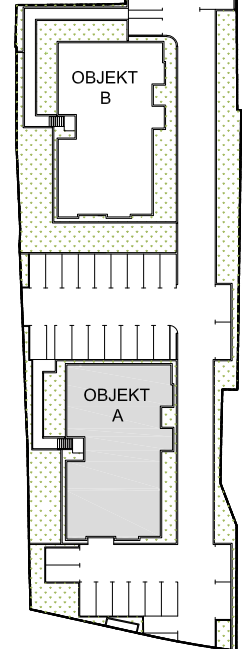

**INVESTITOR: CREATUS d.o.o. - SOLIN
GAŠPINI**

mob: +385 (0) 91 500 1827 | tel./fax: +385 (0) 21 210 124 |
E-mail: marin-maric@hotmail.com | www.creatus.hr

POZICIJA OBJEKTA

0 1 2 5 8 m

MJERILO 1:100

TLOCRT SUTERENA

POZICIJA STANA

STAN A-5

1. Dn. boravak s kuhinjom i blag.	25.36 m ²
2. Kupaonica	4.77 m ²
3. Hodnik	2.57 m ²
4. Soba 1	11.77 m ²
5. Soba 2	10.44 m ²
6. Balkon	4.60 x 0.50 2.30 m ²
7. Kućni vrt	34.31 x 0.10 3.43 m ²
8. Parking mjesto	12.00 x 0.25 3.00 m ²

Ukupno netto površina 63.64 m²
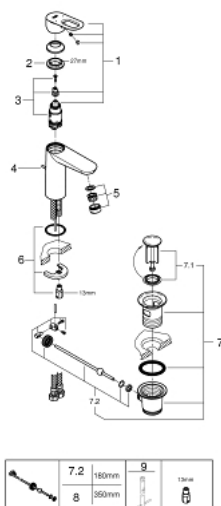

23 762 000 BAULOOP СМЕСИТЕЛЬ ОДНОРЫЧАЖНЫЙ ДЛЯ РАКОВИНЫ, 1/2" РАЗМЕР M

ОПИСАНИЕ ПРОДУКТА

- Colour: хром
- монтаж на одно отверстие
- металлический рычаг
- GROHE SmoothControl керамический картридж 28 мм
- GROHE LongLife Finish - стойкое долговечное покрытие
- GROHE EcoJoy Технология совершенного потока при уменьшенном расходе воды
- максимальный расход воды (при 3 бара): 5 л/мин
- система быстрого монтажа
- рычажный донный клапан 1 1/4"
- гибкая подводка

23 762 000 BAULOOP СМЕСИТЕЛЬ ОДНОРЫЧАЖНЫЙ ДЛЯ РАКОВИНЫ, 1/2" РАЗМЕР M

ЗАПАСНЫЕ ЧАСТИ

- 1: Рычаг (Spare part-nr. 46695000)
- 2: Крепежное кольцо (Spare part-nr. 46715000)
- 3: Картридж (Spare part-nr. 46580000)
- 4: Тяга (Spare part-nr. 46739000)
- 5: Аэратор (Spare part-nr. 48159000)
- 6: Обратное резьбовое соединение (Spare part-nr. 46249000)
- 7: Сливной гарнитур 1 1/4" (Spare part-nr. 28910000)
- 7.1: Пробка (Spare part-nr. 07182000)
- 7.2: Эксцентриковая тяга (Spare part-nr. 07052000)
- 8: Эксцентриковая тяга (Spare part-nr. 07341000)*
- 9: Монтажный ключ (Spare part-nr. 19017000)*
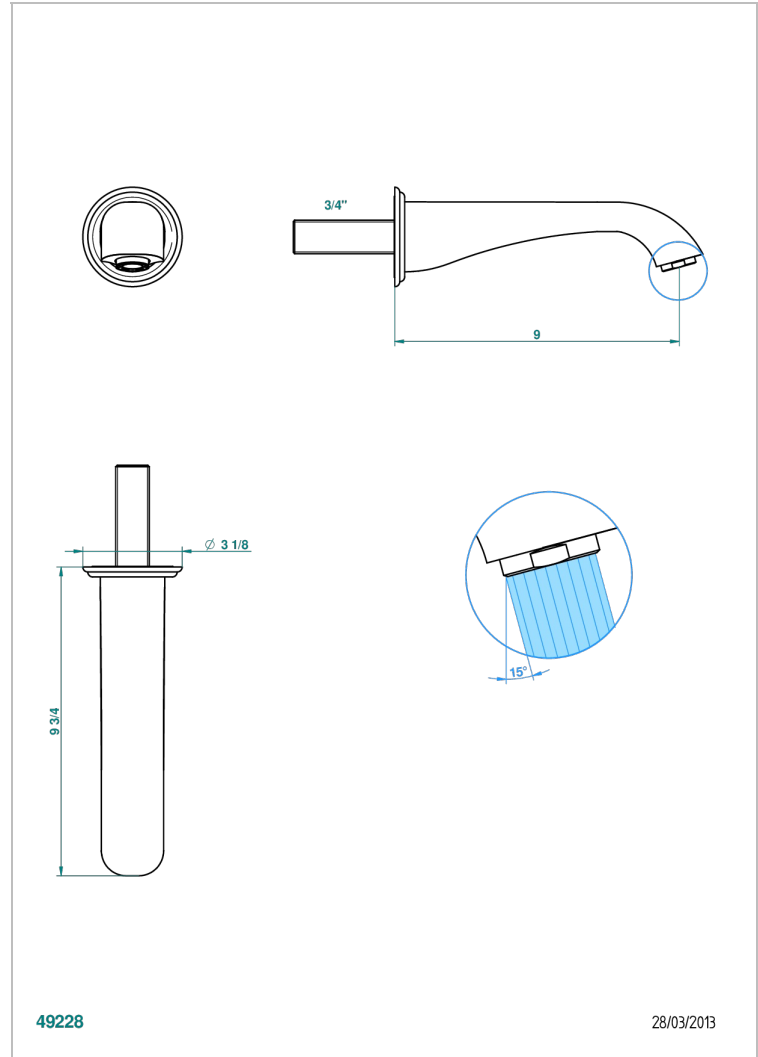

PETALE DE CRISTAL CLAIR LISERE DORE

U6E-43SGB

Bec de lavabo mural 3/4 sans té - bec super goliath

THG[®]
PARIS

49228

28/03/2013

CARACTÉRISTIQUES

- Pétale de Cristal clair liseré doré
- Bec de lavabo mural 3/4 sans té - bec super goliath

SPÉCIFICATIONS TECHNIQUES

- Recommandé : 3 bars (max. 5 bars) - Advised : 43,5 psi (max. 72 psi)
- 15 l/min à 3 bars (4 gpm at 43.5 psi)

FINITIONS DISPONIBLES

Bronze clair - D01
Chromé - A02
Chromé / doré - G02
Chromé mat - C02
Doré brillant - F01
Doré mat - F07
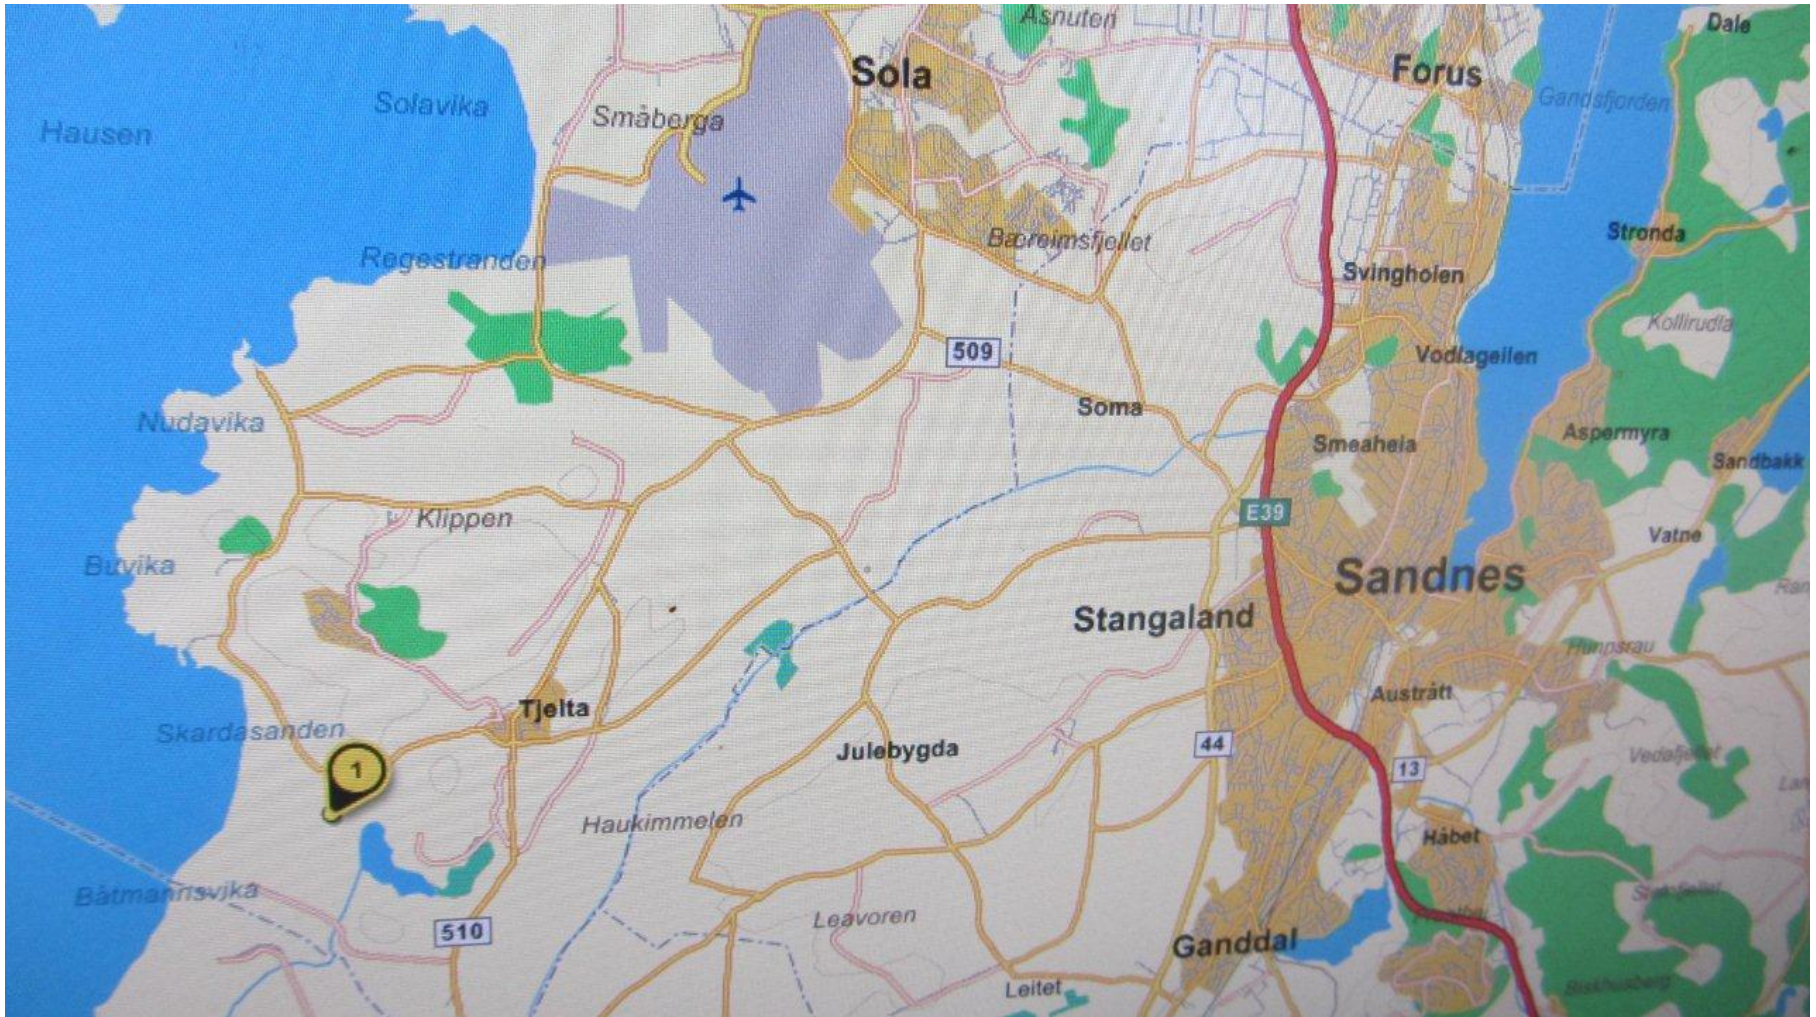

For at vi som utstyrsleverandør skal opprettholde lave priser og kvaliter på leveringer, er det meget kostnads besparende å bruke E-Mail i tillegg til telefon kontakt. Da kan vi sende over produktinformasjon, detaljer som er viktige for at kunden skal kunne ta den mest riktige økonomiske avgjørelsen ved en ny investering av utstyr.
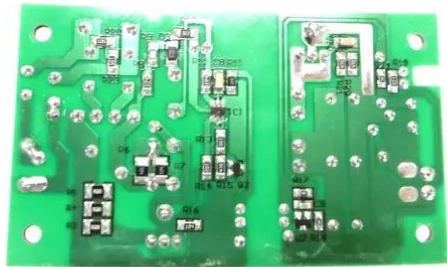

Platine (Netzteil) 24V/2,5A LED WF-30 (HS-U60S24 NC)

Art.-Nr.: E6519856
GTIN: 4026397704488

Listenpreis: 35.34 €
inkl. 19% Mwst.

Platine (Netzteil) 24V/2,5A LED WF-30 (HS-U60S24 NC)

Art.-Nr.: E6519856
GTIN: 4026397704488
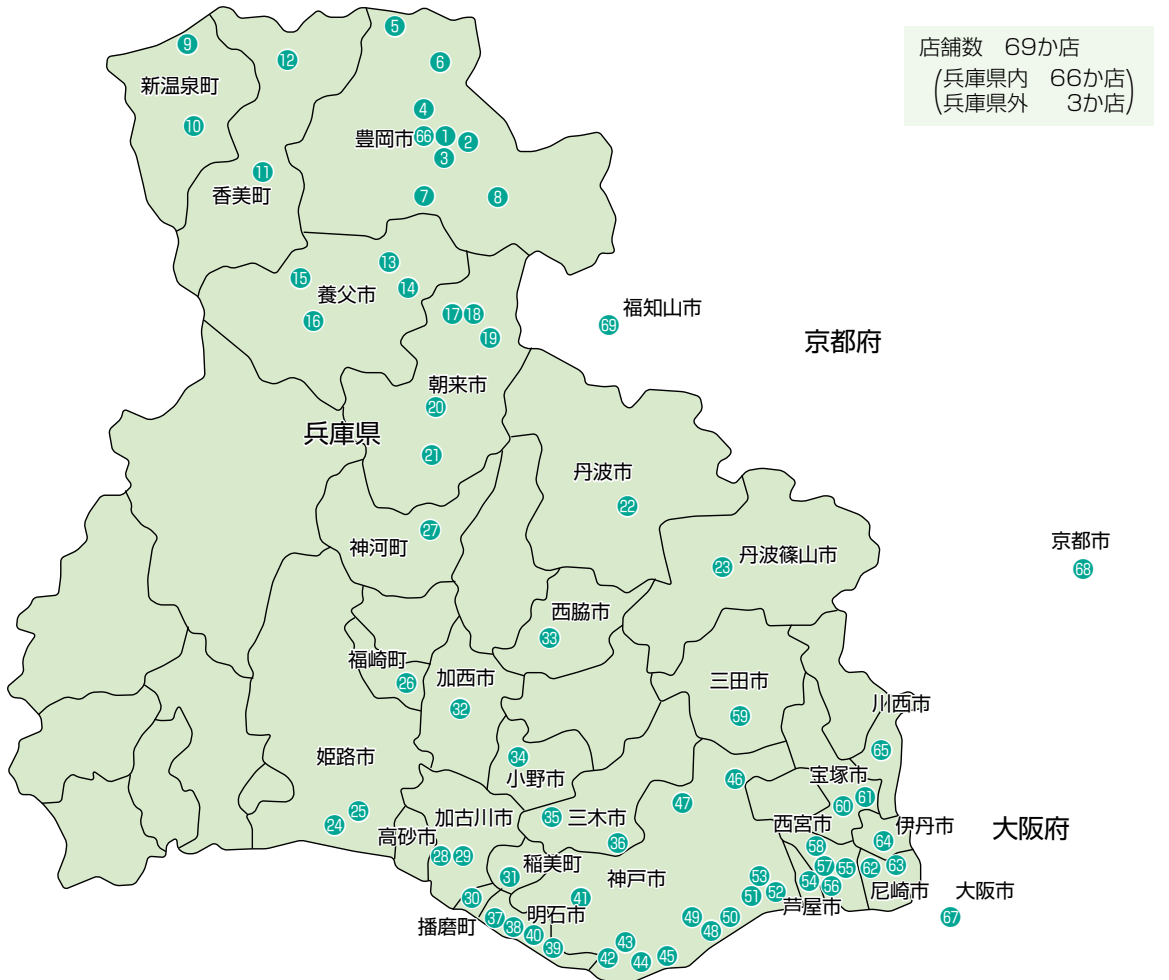

店舗ネットワーク

(令和6年6月30日現在)

兵庫県

《豊岡市》

- ①本店営業部
- ②豊岡東支店
- ③昭和町支店
- ④問屋町支店
- ⑤竹野支店
- ⑥城崎支店
- ⑦日高支店
- ⑧出石支店

《美方郡》

- ⑨浜坂支店
- ⑩湯村支店
- ⑪村岡支店
- ⑫香住支店

《養父市》

- ⑬八鹿支店
- ⑭広谷支店
- ⑮関宮支店
- ⑯大屋支店

《朝来市》

- ⑰和田山支店

- ⑱和田山東支店
- ⑲山東支店
- ⑳新井支店
- ㉑生野支店

《丹波市》

- ㉒柏原支店
- ㉓篠山支店

《丹波篠山市》

- ㉔姫路支店
- ㉕姫路東支店

《神崎郡》

- ㉖福崎支店
- ㉗神崎支店

《加古川市》

- ㉘加古川支店
- ㉙高砂支店

《加古郡》

- ㉚播磨支店
- ㉛稲美支店

- ㉜加西支店

《西脇市》

- ㉝西脇支店

《小野市》

- ㉞小野支店

《三木市》

- ㉟三木支店

- ㊱緑が丘支店

《明石市》

- ㊲魚住支店
- ㊳大久保支店
- ㊴明石支店
- ㊵西明石支店
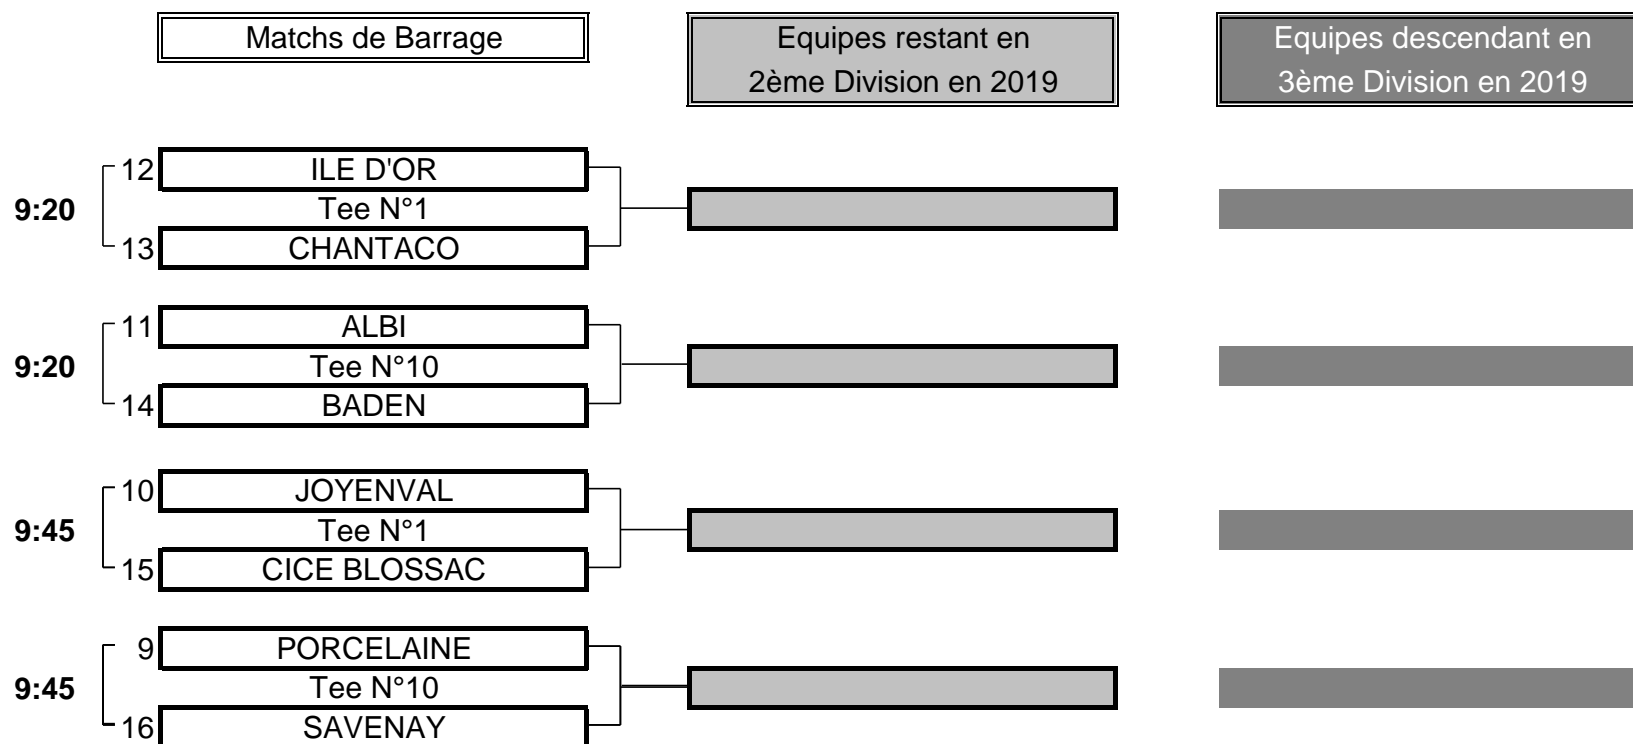

CHAMPIONNAT DE FRANCE PAR EQUIPES MID-AMATEURS 2018

2ème DIVISION "A" DAMES

Du 15 au 17 Juin - Golf de Vire la Dathée

BARRAGES

■ ■ ■ ■

Your goal - Where the data above reaches the line holding "PETALE DE CRISTAL CLAIR LISERE DORE", begin printing, and stop after the line holding "Doré brillant - F01". Each line must be reproduced exactly, with nothing else added.

Solution -
PETALE DE CRISTAL CLAIR LISERE DORE

U6E-43SGB

Bec de lavabo mural 3/4 sans té - bec super goliath

THG[®]
PARIS

49228

28/03/2013

CARACTÉRISTIQUES

- Pétale de Cristal clair liseré doré
- Bec de lavabo mural 3/4 sans té - bec super goliath

SPÉCIFICATIONS TECHNIQUES

- Recommandé : 3 bars (max. 5 bars) - Advised : 43,5 psi (max. 72 psi)
- 15 l/min à 3 bars (4 gpm at 43.5 psi)

FINITIONS DISPONIBLES

Bronze clair - D01
Chromé - A02
Chromé / doré - G02
Chromé mat - C02
Doré brillant - F01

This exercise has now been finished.